Overseas Indians, in other words, have the skills, brain power, and the capital to make a difference wherever they live. For India, that could mean providing sorely needed investment for everything from telecommunications to manufacturing. India's overseas progeny can offer financial know-how, marketing expertise, and technological prowess. Their input could also help India expand crucial trading links to all the countries of their diaspora, from the U.S. market to those in Britain and Africa.

But first, India must recognize their value and open the door to them. The government of P.V. Narasimha Rao certainly recognizes their potential contributions. He is opening market sectors once-closed to overseas Indians and is making it easier for them to repatriate earnings. But overseas Indians, like all American, European, and Asian investors, still face stiff opposition from local industrialists, who want to block their entry and keep India's protected domestic markets to themselves. What's needed is a concerted drive by the government to increase competition in the economy by allowing overseas Indians and foreigners to invest into India. In the end, it will result in far larger number of competitive industries that are able to play on the world stage.
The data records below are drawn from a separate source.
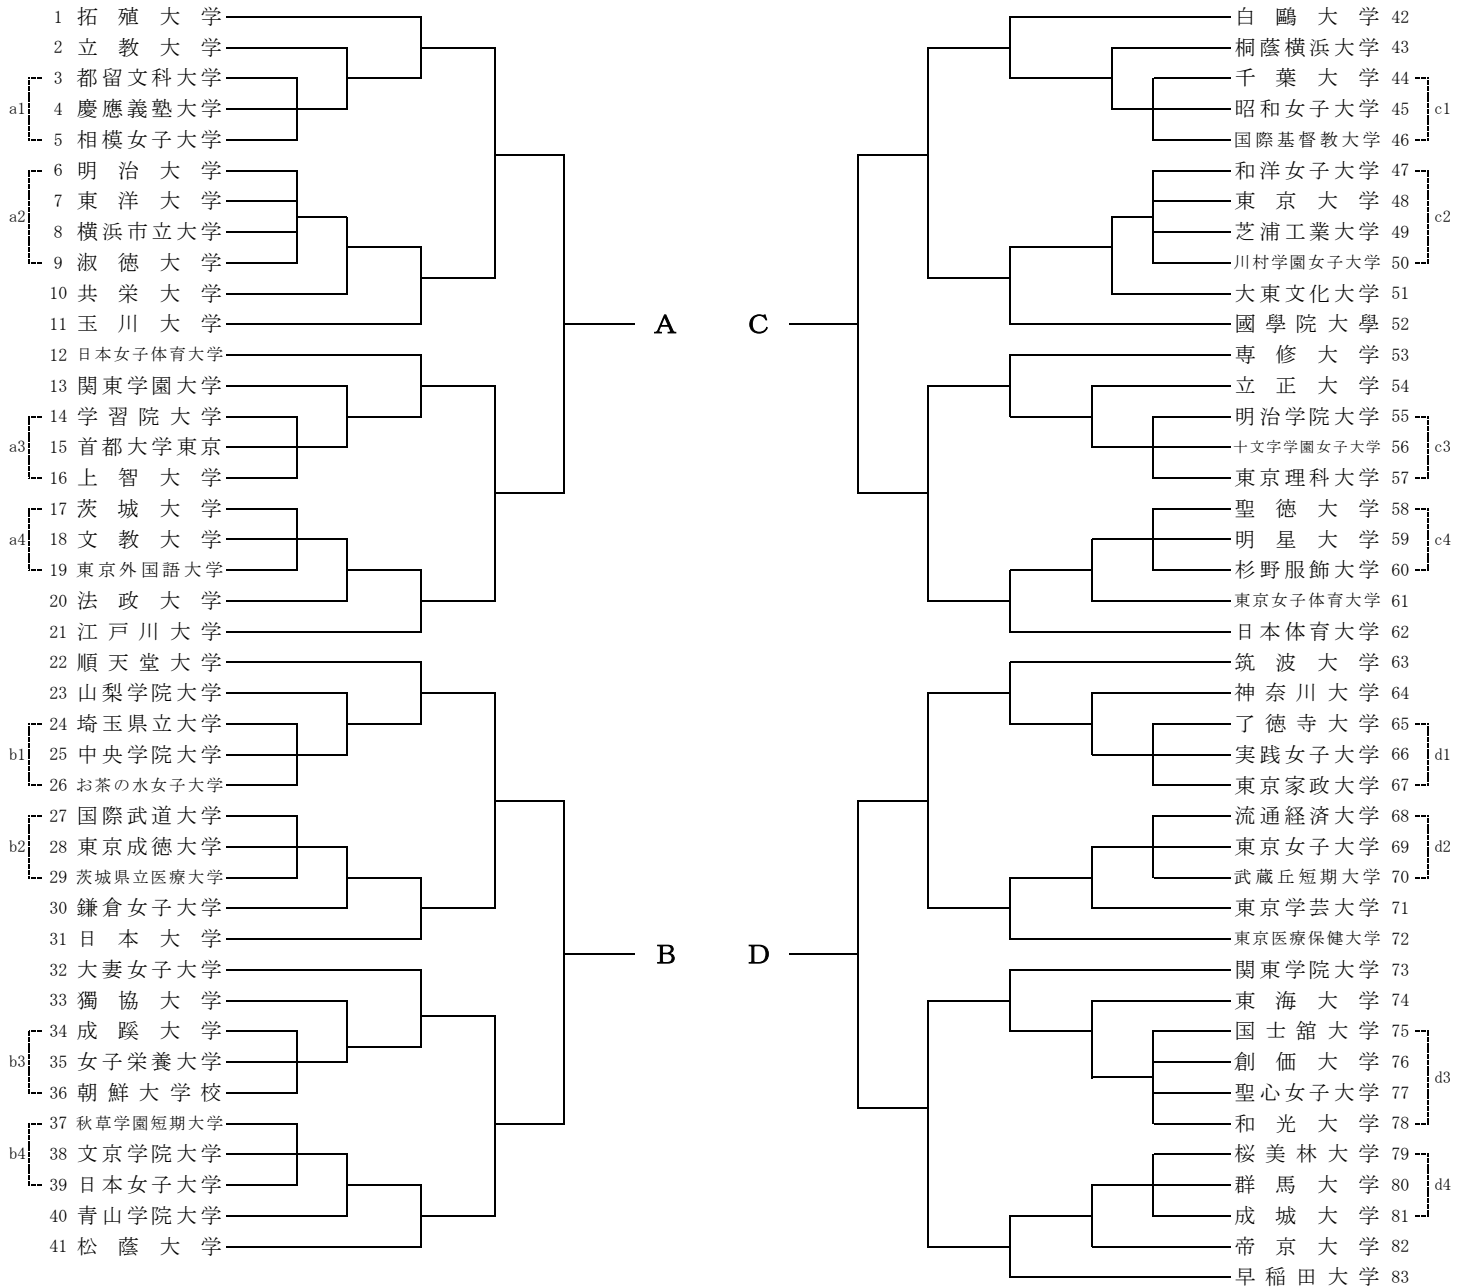

第47回関東大学女子バスケットボール選手権大会 《組合せ》

5月14日(火) 5日(水) 6日(木)

16日(木) 15日(水) 14日(火)

Y : 国立代々木競技場第二体育館

T : 戸田市スポーツセンター

K : 駒沢屋内球技場

決勝リーグ

17日(金)	Y③		Y④	
	C	D	A	B
18日(土)	Y③		Y④	
	AB敗	CD勝	AB勝	CD敗
19日(日)	Y①		Y②	
	AB敗	CD敗	AB勝	CD勝

5~8位決定戦

関東大学女子バスケットボール連盟
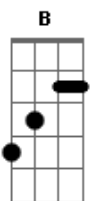

© ukulele-chords.com
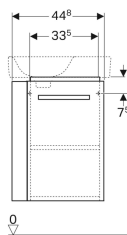

Skříňka pod umyvátko Geberit Selnova Compact, s držákem na ručníky, zkrácené vyložení

Obrázek s příkladem

Vlastnosti

- Závěsná
- S jedněmi dvířky
- Madlo k otevírání
- Dvířka s tichým dovíráním
- S jednou nastavitelnou poličkou

- Ochrana proti vlhkosti
- Možná instalace s nožičkami
- Čelní strana z MDF
- Dodáváno smontované

Technické údaje

Materiál | Vysoce komprimovaná třívrstvá dřevotřísková deska

Obsah dodávky

- Upevňovací materiál

Pol. č.	Barva / povrch	B	Šířka umyvadla	H	T	Dveře	Držák na ručníky	
501.496.00.1	Korpus: lakovaný matný/bílý Čelo: lakované s vysokým leskem / bílé	44.8 cm	50 cm	60.4 cm	25.2 cm	Závěsy vpravo	Vlevo	Nové
501.498.00.1	Korpus: lakovaný matný/bílý Čelo: lakované s vysokým leskem / bílé	44.8 cm	50 cm	60.4 cm	25.2 cm	Závěsy vlevo	Vpravo	Nové
501.497.00.1	Korpus: světle šedý / lakovaný matný Čelo: lakované s vysokým leskem/ svetlošedá	44.8 cm	50 cm	60.4 cm	25.2 cm	Závěsy vlevo	Vpravo	Nové
501.495.00.1	Korpus: světle šedý / lakovaný matný Čelo: lakované s vysokým leskem/ svetlošedá	44.8 cm	50 cm	60.4 cm	25.2 cm	Závěsy vpravo	Vlevo	Nové
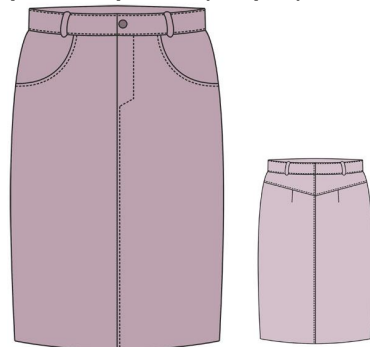

размер 46 (евро)

Соответствие размерам
смотрите на сайте
«Шкатулка»

<http://materials.tell4all.ru>

Схема выкройки

заднее полотнище

размер 46 (евро)

размер 46 (евро)

<http://materials.tell4all.ru>

ПОЯС

переднее полотнище

размер 46 (евро)

Долевая

(1, 2)

<http://materials.lei4all.ru>

сгиб

<http://materials.tell4all.ru>

ОТКОСОК

бочок переда

размер 46 (евро)

<http://materials.tell4all.ru>

МЕШКОВИНА кармана

размер 46 (евро)

<http://materials.tell4all.ru>

**кокетка заднего
полотнища**

размер 46 (евро)

<http://materials.tell4all.ru>

долевая
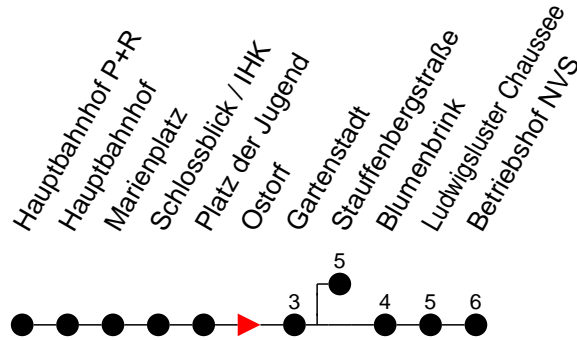

Richtung: Betriebshof NVS

Haltestellen
Fahrzeit in Min.

Montag bis Freitag		Samstag		Sonn- und Feiertag	
Std.	Minuten	Std.	Minuten	Std.	Minuten
3		3		3	
4		4		4	
5		5		5	
6		6		6	
7	29 ⁶ 56 ^S	7		7	
8	14 15 39 44 49	8		8	
9	46	9	11	9	
10	46	10		10	
11		11		11	
12		12		12	
13		13		13	
14		14	34	14	34
15		15		15	
16		16	23 ⁶ 45	16	23 ⁶ 45
17	11 ⁶ 19 39 49	17		17	
18	14 27 52	18	34 54	18	34
19	47	19		19	
20		20	38	20	38
21		21		21	
22	58	22	58	22	58
23	18 38	23	18 24 ⁶	23	18 38
0	04	0	04 ⁶	0	04
1		1		1	
2		2		2	
3		3		3	

- 6** - verkehrt nur am 31. Dezember
- 6̂** - verkehrt NICHT am 31. Dezember
- Ⓢ** - fährt ab Gartenstadt zur Stauffenbergstraße
- F** - verkehrt nur während der Ferien
- S** - verkehrt nur während der Schulzeit
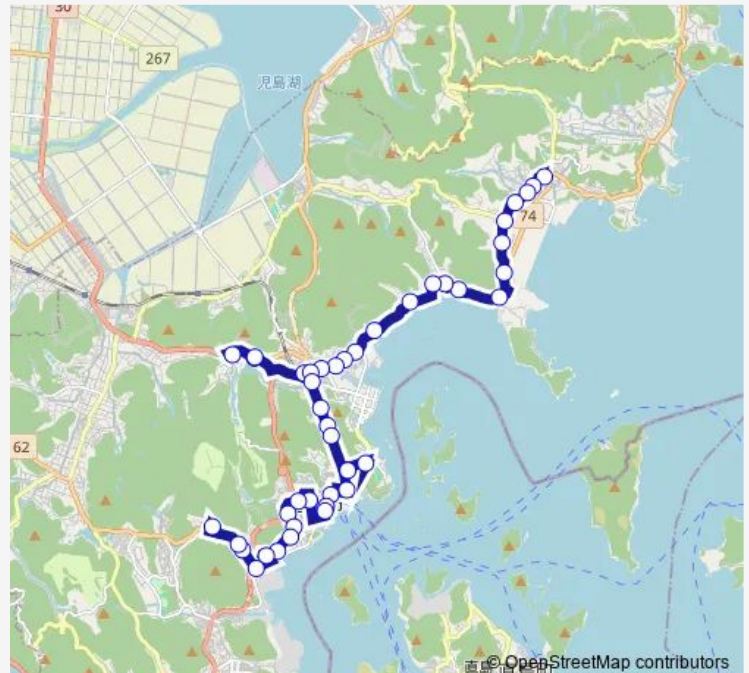

Thursday 16:00

Friday 16:00

Saturday 07:40-13:10

Sunday 07:40-13:10

Route info

Direction: 東見市民センター

Stops: 48

Trip Duration: 0 hour 59 min

■ 東見市民センター→深山公園道の駅・宇野駅・
玉野市役所前→すこやかセンター シーバス

田井入口

田井駅

田井

清水橋

福原

吉野町

広瀨
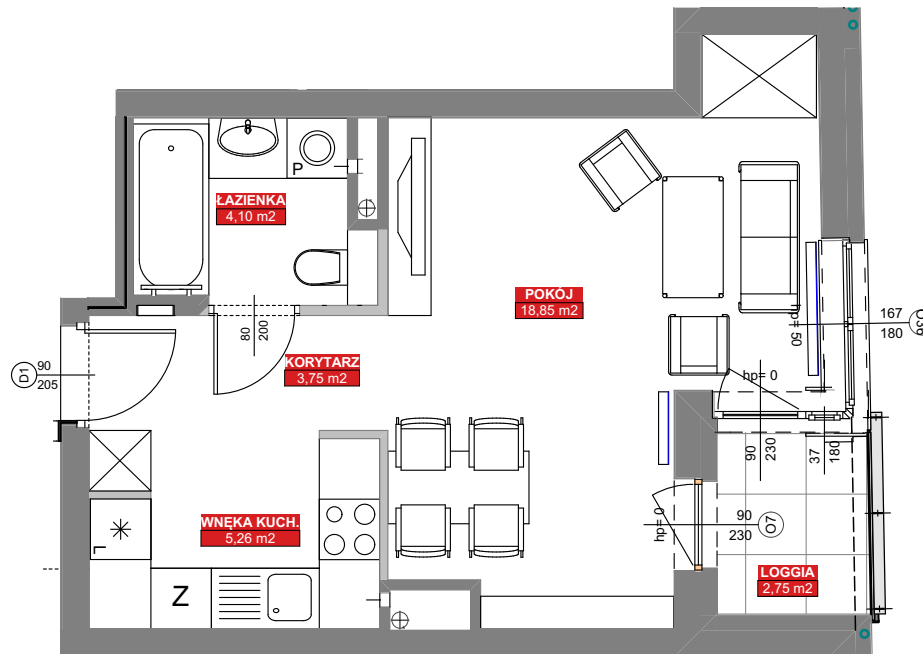

LOKAL: 16 / PIĘTRO: PIĘTRO II / 31,96 m²

osiedle**bairda**.pl

Podane na karcie wymiary oraz powierzchnie pomieszczeń mają charakter projektowy i mogą nieznacznie różnić się od wymiarów i powierzchni w wybudowanym budynku. Umeblowanie oraz zagospodarowanie terenu jest tylko wizualizacją i nie stanowi oferty handlowej - ma jedynie charakter poglądowy, przybliżający wielkość mieszkania.

KORYTARZ	3,75 m ²
ŁAZIENKA	4,10 m ²
POKÓJ	18,85 m ²
WNĘKA KUCH.	5,26 m ²
RAZEM	31,96 m²
LOGGIA	2,75 m ²

Osiedle Bairda

📍 Biuro Sprzedaży: ul. Armii Krajowej 1a, 05-825 Grodzisk Mazowiecki

✉ sprzedaz@osiedlebairda.pl ☎ tel.: 504 879 627

With elections coming in 1996 or sooner, Rao's Congress Party may be loath to offend local industrialists by proceeding to liberalize the economy. Not only must the central government stay on track, but India's state governments should join in, as well. There's trouble brewing on this front, however. An opposition Hindu nationalist state government in Maharashtra is now reviewing whether or not to cancel a $2.9 billion project by the U.S. company Enron Corp. If the project is stopped, the signal to all outside investors would not be positive.

Overseas Indians are a savvy people who have succeeded in the East and West alike often under adverse conditions. Now, they have a chance to give something back to India--and do well in the process. India should welcome them with open arms. If the country doesn't, overseas Indians will take their talents and capital elsewhere. They've proven they can do that already.